EXERCISE GOAL — Track down every line below that holds "marina" and copy it.

Stored entries:
------------------------------------
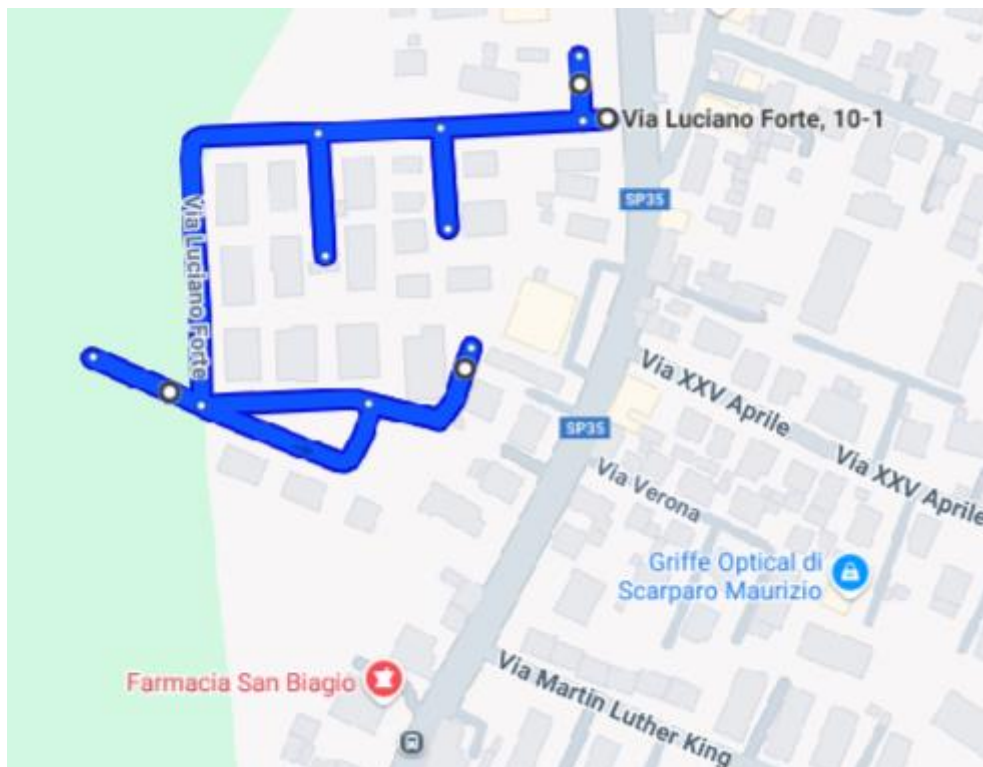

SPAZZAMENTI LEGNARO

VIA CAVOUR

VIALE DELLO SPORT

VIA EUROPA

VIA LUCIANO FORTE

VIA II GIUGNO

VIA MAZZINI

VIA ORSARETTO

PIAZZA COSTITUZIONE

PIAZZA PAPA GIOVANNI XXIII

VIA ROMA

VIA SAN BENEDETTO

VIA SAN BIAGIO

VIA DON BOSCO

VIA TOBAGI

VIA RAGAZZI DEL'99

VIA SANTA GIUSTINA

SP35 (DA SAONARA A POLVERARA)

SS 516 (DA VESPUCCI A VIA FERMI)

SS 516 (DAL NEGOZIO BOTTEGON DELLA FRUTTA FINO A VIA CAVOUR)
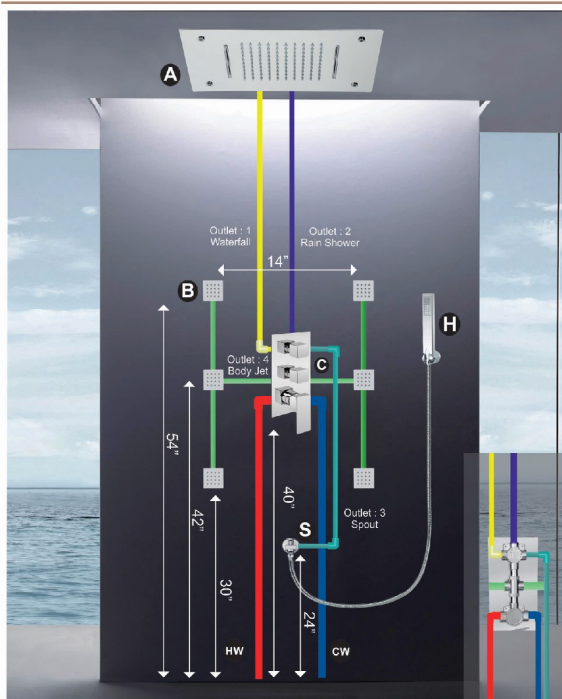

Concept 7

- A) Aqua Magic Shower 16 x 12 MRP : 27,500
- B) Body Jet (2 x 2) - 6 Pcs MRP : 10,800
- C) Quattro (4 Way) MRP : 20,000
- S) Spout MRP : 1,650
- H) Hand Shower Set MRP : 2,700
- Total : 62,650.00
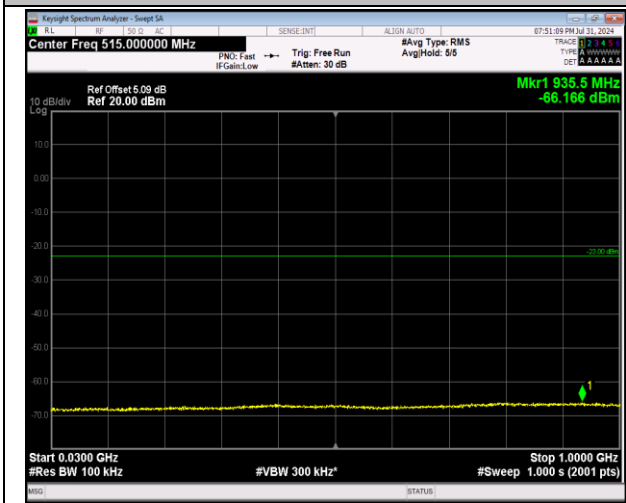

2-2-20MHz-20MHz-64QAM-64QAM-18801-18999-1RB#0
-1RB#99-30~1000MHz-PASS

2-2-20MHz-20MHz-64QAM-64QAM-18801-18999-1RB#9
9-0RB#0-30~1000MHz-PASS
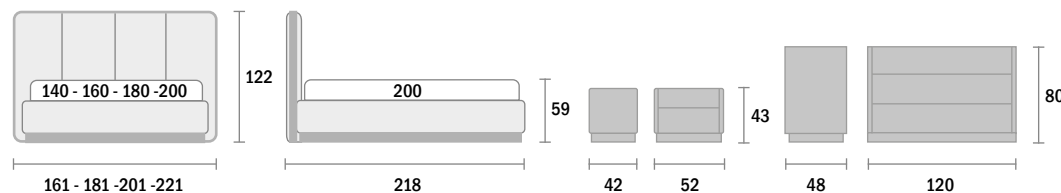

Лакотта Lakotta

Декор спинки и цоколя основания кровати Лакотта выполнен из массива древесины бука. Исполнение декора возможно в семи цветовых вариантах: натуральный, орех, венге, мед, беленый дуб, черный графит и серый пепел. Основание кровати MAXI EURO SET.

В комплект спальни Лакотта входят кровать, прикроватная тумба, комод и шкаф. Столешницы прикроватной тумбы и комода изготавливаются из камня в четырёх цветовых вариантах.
------------------------------------
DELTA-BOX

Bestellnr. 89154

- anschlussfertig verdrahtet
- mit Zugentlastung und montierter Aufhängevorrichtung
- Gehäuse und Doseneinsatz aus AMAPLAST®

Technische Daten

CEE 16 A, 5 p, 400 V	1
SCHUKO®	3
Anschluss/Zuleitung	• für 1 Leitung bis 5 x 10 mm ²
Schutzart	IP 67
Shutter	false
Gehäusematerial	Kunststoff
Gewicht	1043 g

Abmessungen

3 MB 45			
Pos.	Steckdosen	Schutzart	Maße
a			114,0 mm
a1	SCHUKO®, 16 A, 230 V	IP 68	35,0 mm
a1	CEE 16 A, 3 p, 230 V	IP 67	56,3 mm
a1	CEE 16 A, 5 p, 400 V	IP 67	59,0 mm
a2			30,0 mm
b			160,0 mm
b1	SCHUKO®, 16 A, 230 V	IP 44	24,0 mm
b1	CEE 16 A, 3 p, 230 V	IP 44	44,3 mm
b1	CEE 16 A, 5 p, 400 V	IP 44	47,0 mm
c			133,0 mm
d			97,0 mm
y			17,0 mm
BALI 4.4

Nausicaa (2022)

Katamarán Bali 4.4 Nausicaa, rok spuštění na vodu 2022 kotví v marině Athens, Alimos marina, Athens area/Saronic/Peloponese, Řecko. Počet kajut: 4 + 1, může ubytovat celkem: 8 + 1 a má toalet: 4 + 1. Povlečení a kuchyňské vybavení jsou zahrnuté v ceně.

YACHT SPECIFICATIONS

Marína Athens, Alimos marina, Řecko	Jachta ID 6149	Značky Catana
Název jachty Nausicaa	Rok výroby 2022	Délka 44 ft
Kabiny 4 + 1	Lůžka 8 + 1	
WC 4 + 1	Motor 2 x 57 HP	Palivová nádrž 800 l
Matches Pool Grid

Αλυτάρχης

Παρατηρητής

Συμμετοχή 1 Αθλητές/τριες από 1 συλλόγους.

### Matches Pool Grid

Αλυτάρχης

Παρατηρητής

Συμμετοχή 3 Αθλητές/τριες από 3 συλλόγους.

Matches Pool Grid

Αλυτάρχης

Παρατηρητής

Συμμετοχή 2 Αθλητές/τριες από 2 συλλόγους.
------------------------------------
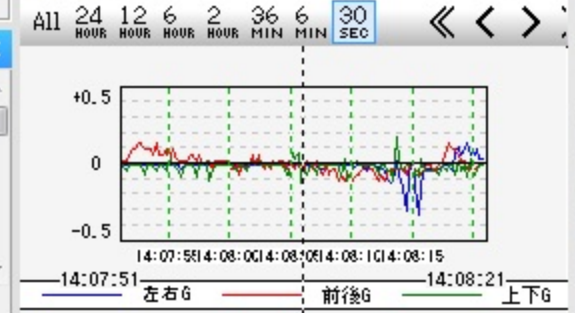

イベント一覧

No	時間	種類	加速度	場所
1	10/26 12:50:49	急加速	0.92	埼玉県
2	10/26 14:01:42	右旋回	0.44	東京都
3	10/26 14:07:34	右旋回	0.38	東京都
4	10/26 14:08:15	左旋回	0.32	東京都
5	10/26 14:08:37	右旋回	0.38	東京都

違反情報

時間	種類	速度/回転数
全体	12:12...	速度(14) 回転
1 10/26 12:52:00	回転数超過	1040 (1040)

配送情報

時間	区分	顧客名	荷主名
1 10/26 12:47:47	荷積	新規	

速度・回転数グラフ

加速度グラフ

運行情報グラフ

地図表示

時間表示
------------------------------------
ANSWER AREA —
Katamarán Bali 4.4 Nausicaa, rok spuštění na vodu 2022 kotví v marině Athens, Alimos marina, Athens area/Saronic/Peloponese, Řecko. Počet kajut: 4 + 1, může ubytovat celkem: 8 + 1 a má toalet: 4 + 1. Povlečení a kuchyňské vybavení jsou zahrnuté v ceně.
Marína Athens, Alimos marina, Řecko	Jachta ID 6149	Značky Catana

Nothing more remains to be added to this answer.